Seseorang menyampaikan ide dengan berbahasa dan menangkap ide orang lain juga
dengan melalui bahasa. Menyampaikan dan mengambil ide itu merupakan proses
berfikir yang abstrak. Ketidaktepatan menangkap arti bahasa akan berakibat
ketidaktepatan dan kekeburan presepsi yang diperolehnya. Akibat lebih lanjut
adalah hasil proses berfikir jadi tidak benar, dan hal itu disebabkan karena
kemampuan berbahasa seseorang yang rendah. Sering kali dikatakan oleh banyak
orang bahwa kemampuan berfikir seseorang menentukan dan sekaligus dapat
dipahami dari kemampuan bahasanya. Sebaliknya kemampuan berbahasa seseorang
merupakan pencerminan dari kemampuan berfikir seseorang.
Meskipun demikian, dalam kasus tertentu ada sejumlah orang yang
kemampuan berfikirnya bagus tetapi kemampuan bahasanya kurang. Sebaliknya ada
sejumlah orang yang kemampuan bahasanya bagus
tetapi kemampuan berfikirnya tidak sebagus kemampuan bahasanya.

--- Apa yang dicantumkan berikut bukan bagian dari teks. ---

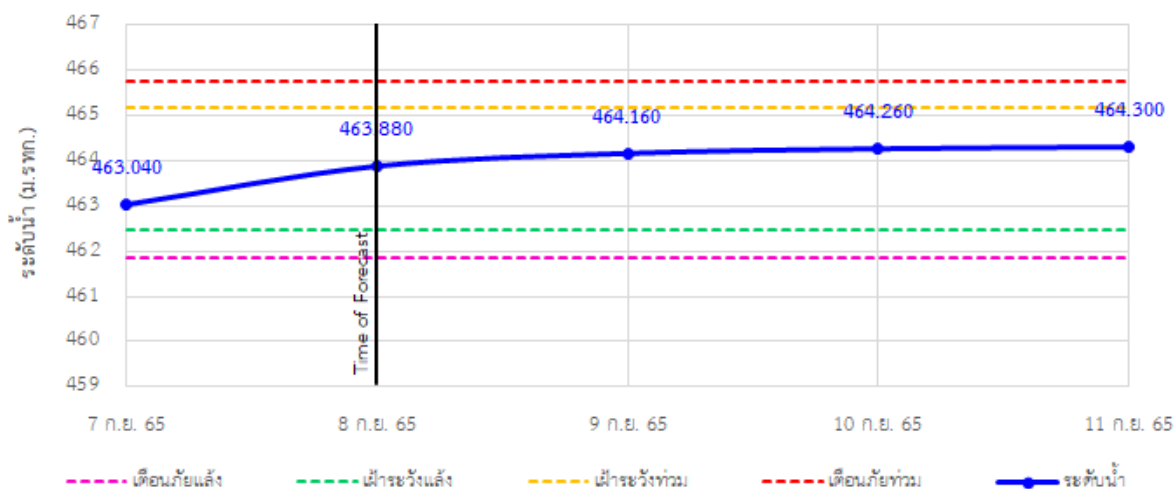

รายงานสถานการณ์ลุ่มน้ำกกและโขงเหนือ วันที่ 9 กันยายน 2565

TC020512 สะพานพระธรรมมิกราช

TC020805 สะพานบ้านป่าง่า

TC020903 สะพานบ้านห้วยยาว

TC020309 สะพานบ้านแม่คำสเปน

TC030227 สะพานบ้านสบมาว ต.เวียง อ.ฝาง จ.เชียงใหม่

Seringkali dijumpai sejumlah orang yang mampu menulis dengan bagus untuk
memngekspresikan pemikirannya, tetapi ketika diminta untuk mempersentasikan
pikiran – pikirannya justru jadi tidak menarik. Sebaliknya, ada sejumlah orang
yang ketika diminta mempresentasikan pikiran-pikirannya sangat menarik dan
sangat memukau banyak orang, tetpi ketika diminta menuangkan hasil
pikiran-pikirannya dalam tulisan menjadi tidak menarik.